The news, however, comes as parents across the country continue to struggle with a shortage of infant formulas. Many had looked forward to the reopening of the Sturgis plant a couple weeks ago as a sign that supplies might soon be replenished.

Supply chain issues initially caused a shortage of infant formulas, and then a recall of formulas produced at Abbott’s Sturgis plant exacerbated the issue.

Video: Abbott restarts baby formula production at Michigan plant (TODAY)


The issue has sparked outcry from parents, whose babies rely on certain types of formula, and from lawmakers who have criticized Abbott for conditions at its facility and the U.S. Food and Drug Administration for not catching the problems earlier. Abbott is also facing a number of lawsuits from parents.

Abbott recalled the formulas in February as the U.S. Food and Drug Administration announced that it was investigating complaints of Cronobacter sakazakii infections among four babies who reportedly consumed formula made there. All four were hospitalized, and Cronobacter may have contributed to two babies’ deaths, according to the FDA.

The FDA inspected the facility from Jan. 31 through March 18 and found five environmental subsamples collected from the Sturgis facility to be positive for Cronobacter sakazakii, though product samples collected by the FDA at the facility were negative for Cronobacter.

Abbott leaders have apologized for the company’s role in the national shortage. Abbott, however, has said that the Cronobacter that was found in environmental testing during the investigation was in “non-product contact areas of the facility and has not been linked to any known infant illness.”

FDA Commissioner Dr.
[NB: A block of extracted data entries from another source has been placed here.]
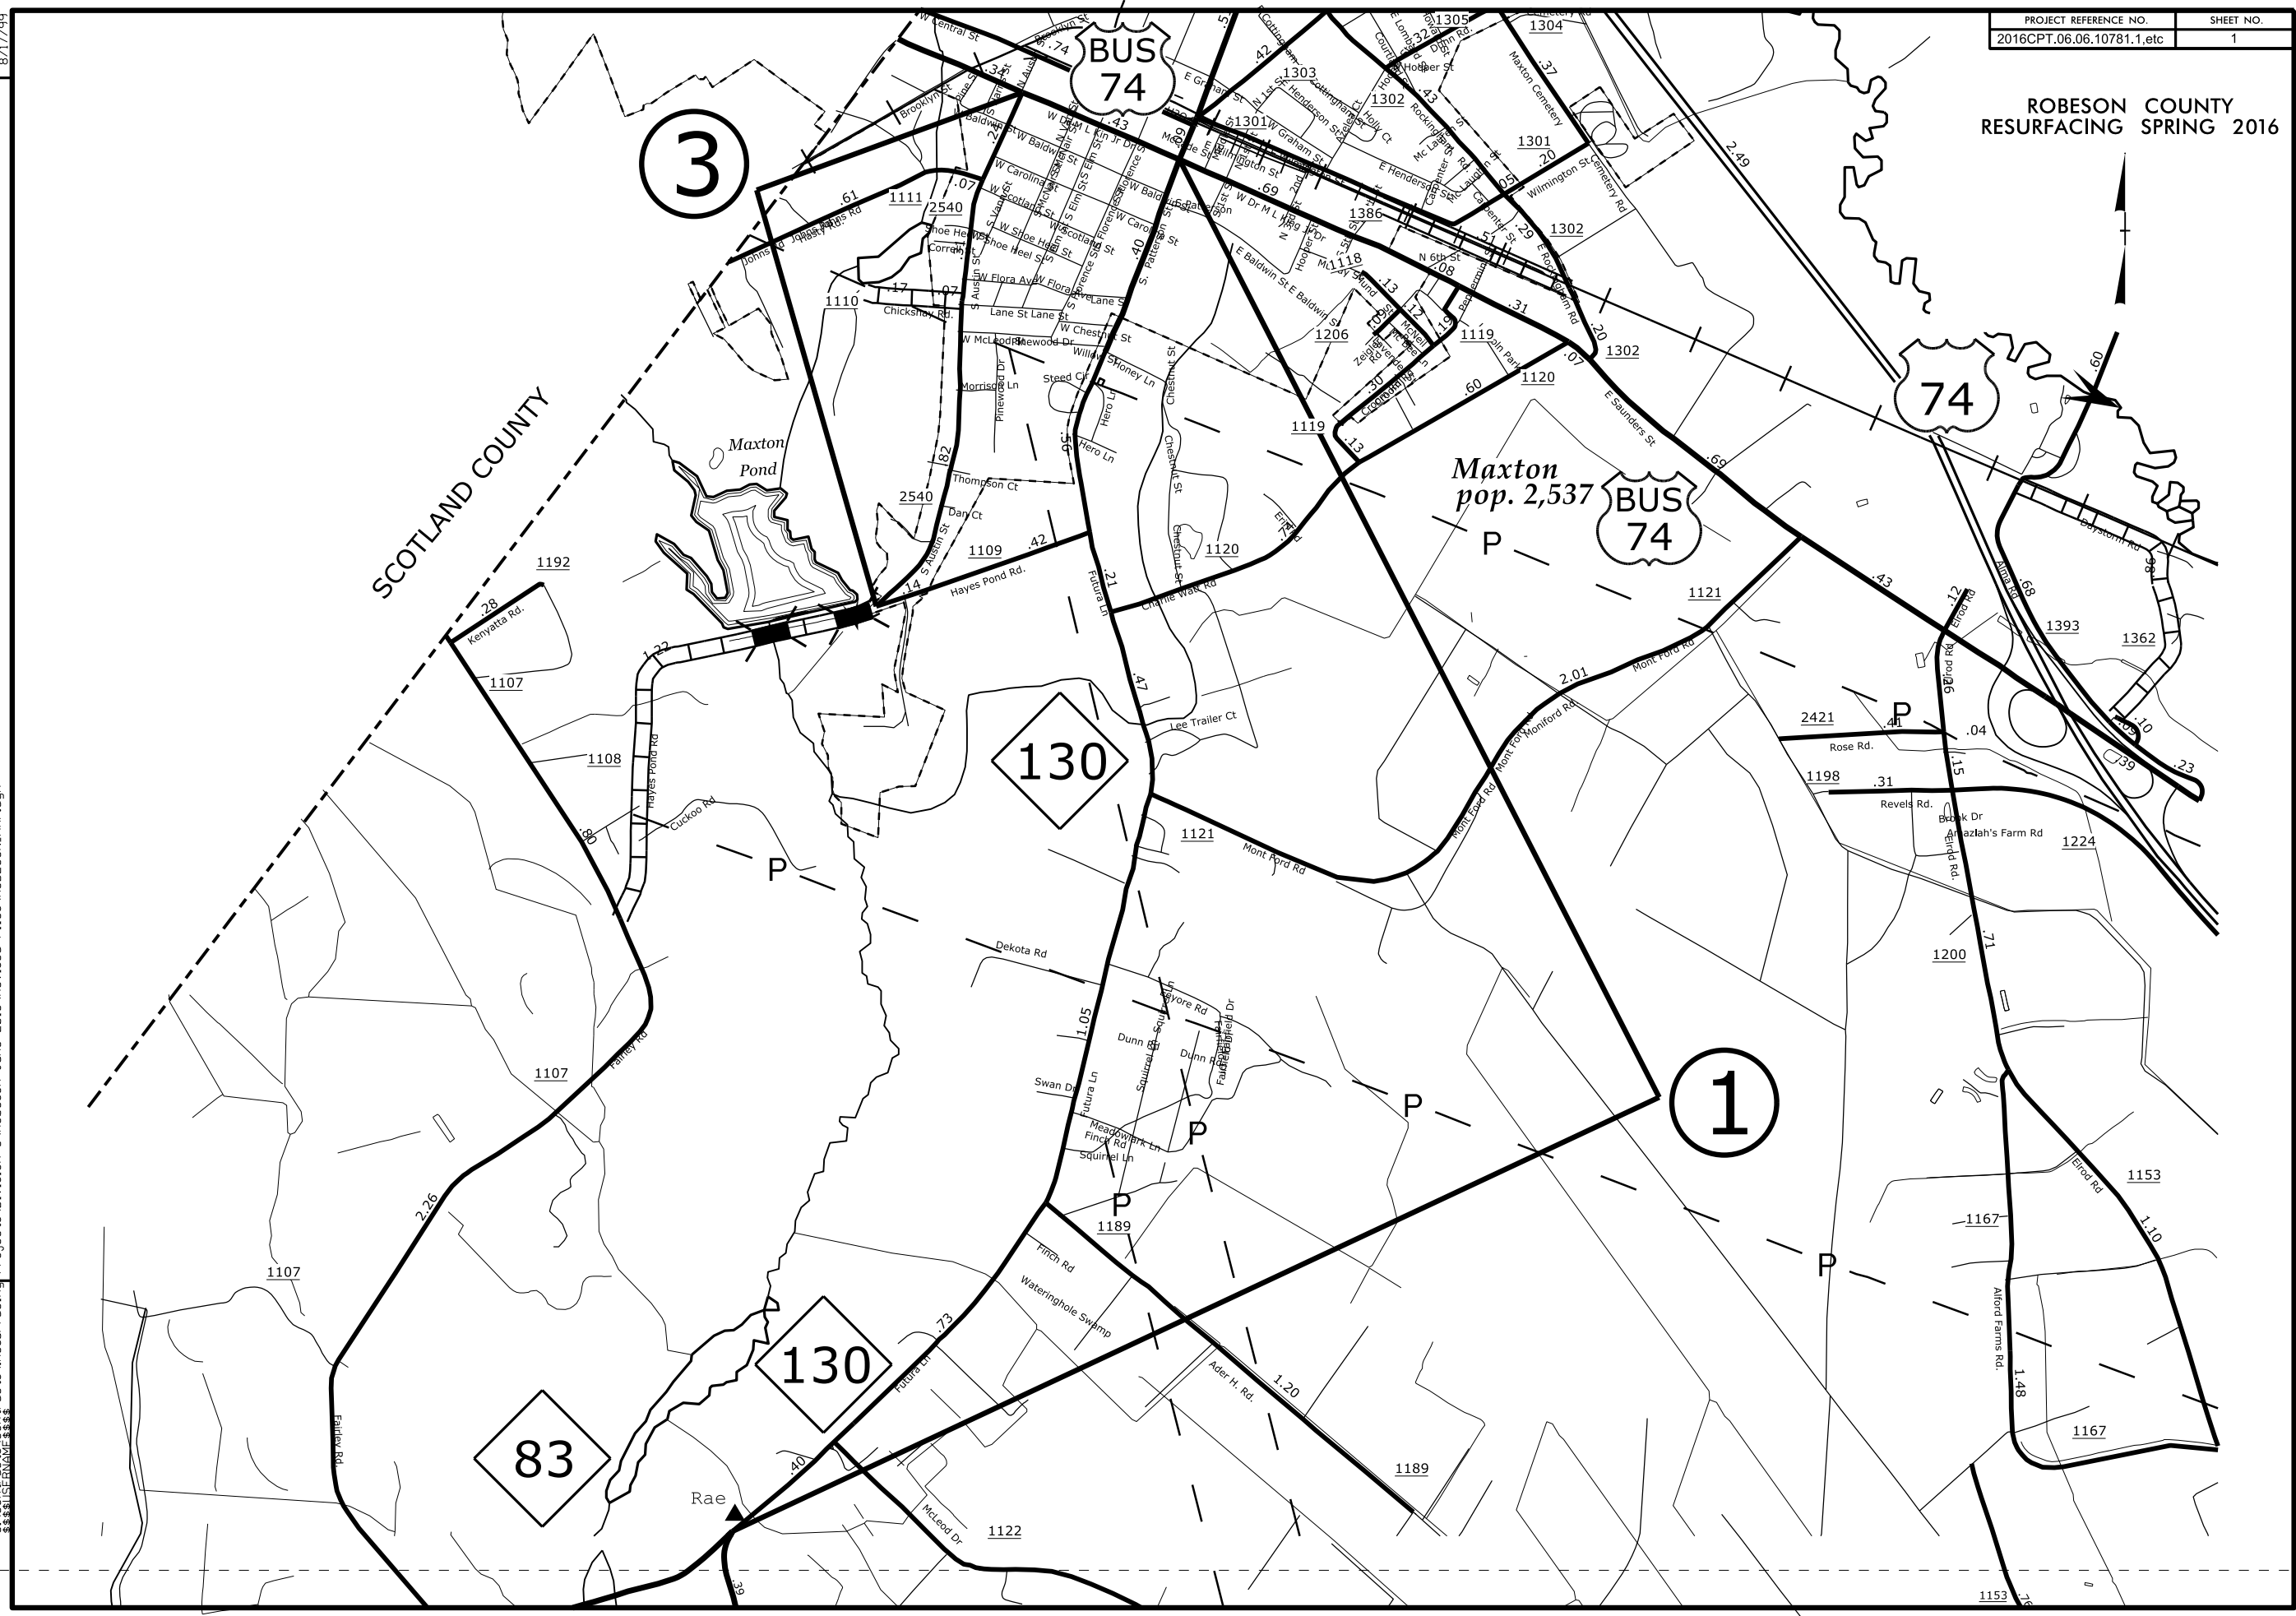

ROBESON COUNTY
RESURFACING SPRING 2016

REVISIONS

26 APR 2016 10:46
 C:\Users\james\Documents\Projects\Division 6\Robeson June 2016\Revised Files\ROBESON_MAP.dgn
 8/17/99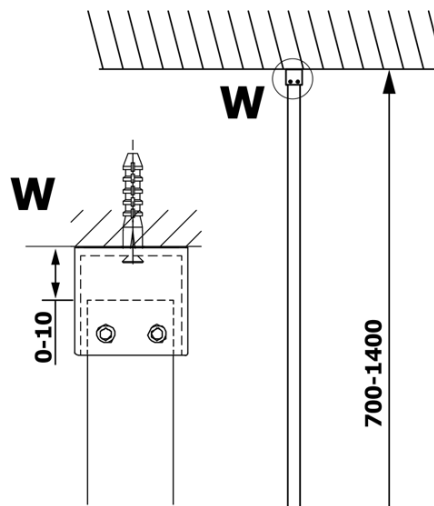

VARIO GOLD One-piece shower glass panel, wall-mount, clear glass, 1200 mm

Order code: GX1212GX1016

Basic information

Brand: Gelco
Series: VARIO

Size

Height: 2000 mm
Depth: 1200 mm

Properties

Profile colour: Gold
Shape: Single-wall fixed screen
Glass colour: TRANSPARENT glass
Glass finish: Coated glass
Glass thickness: 8 mm
Weight / Piece: 68.0 kg
Packaging: 2 Piece
Warranty: 3 years

We recommend buy

1 Piece VARIO shower screen wall support bar 1400mm, gold (Order code: GX2216)

**VARIO GOLD One-piece shower glass panel, wall-mount,
clear glass, 1200 mm**

Technical sheet

MODEL	A
GX1270	685-700
GX1280	785-800
GX1290	885-900
GX1210	985-1000
GX1211	1085-1100
GX1212	1185-1200
GX1213	1285-1300
GX1214	1385-1400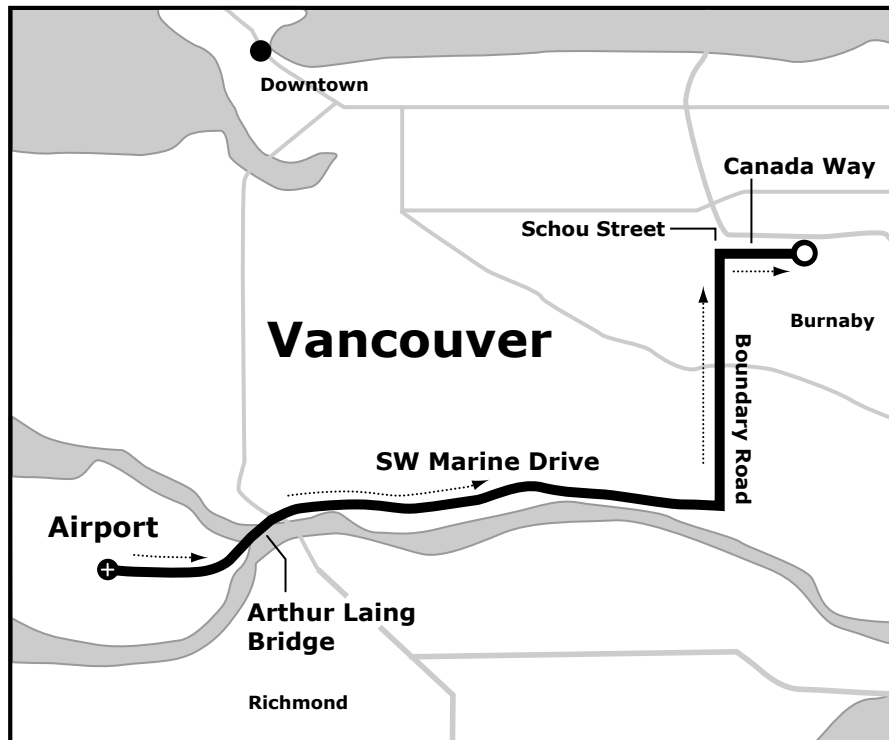

# Pacific Development Centre

Centres for IBM e-business Innovation :: VANCOUVER

## How To Find Us

### From Vancouver International Airport:

Exit the airport via Grant McConachie Way and cross the Arthur Laing Bridge. Follow the signs onto SW Marine Drive and continue 8 km. Turn left onto Boundary Road and continue 5.5 km. Turn right onto Schou Street, which turns into Canada Way. Continue 2 km, crossing Willingdon. The IBM complex will be on your left hand side. Turn left onto Wayburne Drive, and immediately left into the complex.

Robert Califf has also acknowledged that the FDA was “too slow” to inspect the plant and interview a whistleblower about conditions there. The FDA got a complaint in September about an infant who became ill after consuming formula made at the Michigan facility, and received a whistleblower complaint in October.

Abbott said once it can restart production in Sturgis, it will produce more EleCare, followed by specialty and metabolic formulas, and Similac.

Parents who need EleCare or specialty formulas should contact their doctors or Abbott at 1-800-881-0876.